| DESCRIPTION OF THE TASK |
Reply solely with the number of lines, in the records underneath, that include the word "pour".

| TASK MATERIAL |
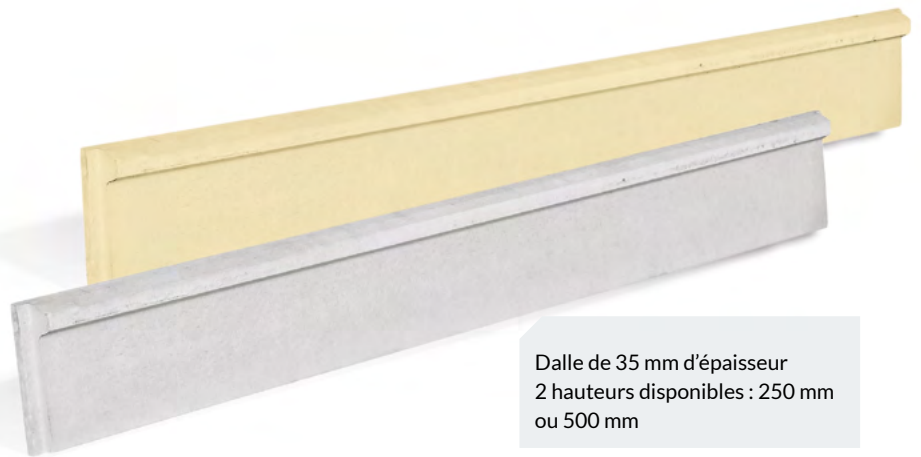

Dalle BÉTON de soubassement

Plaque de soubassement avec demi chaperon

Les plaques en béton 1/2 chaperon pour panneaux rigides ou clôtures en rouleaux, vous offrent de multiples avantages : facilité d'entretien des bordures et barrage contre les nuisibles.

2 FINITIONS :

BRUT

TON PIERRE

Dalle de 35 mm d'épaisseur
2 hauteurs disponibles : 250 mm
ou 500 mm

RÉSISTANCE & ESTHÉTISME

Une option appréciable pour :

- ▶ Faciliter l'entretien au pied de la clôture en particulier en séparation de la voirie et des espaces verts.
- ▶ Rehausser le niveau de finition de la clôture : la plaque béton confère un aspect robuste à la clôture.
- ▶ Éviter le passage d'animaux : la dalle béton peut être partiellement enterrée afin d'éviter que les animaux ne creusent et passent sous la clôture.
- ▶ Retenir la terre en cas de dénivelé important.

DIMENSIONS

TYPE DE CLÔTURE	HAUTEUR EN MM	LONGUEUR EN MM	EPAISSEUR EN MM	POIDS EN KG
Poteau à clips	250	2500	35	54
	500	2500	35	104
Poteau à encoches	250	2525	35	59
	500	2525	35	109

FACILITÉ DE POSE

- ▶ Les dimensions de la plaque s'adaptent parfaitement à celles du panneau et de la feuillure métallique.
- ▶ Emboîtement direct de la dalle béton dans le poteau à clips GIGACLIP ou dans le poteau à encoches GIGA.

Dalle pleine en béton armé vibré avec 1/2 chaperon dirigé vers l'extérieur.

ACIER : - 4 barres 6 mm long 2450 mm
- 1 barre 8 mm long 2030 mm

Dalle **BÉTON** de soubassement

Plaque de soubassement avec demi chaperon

| EXERCISE OUTPUT |
2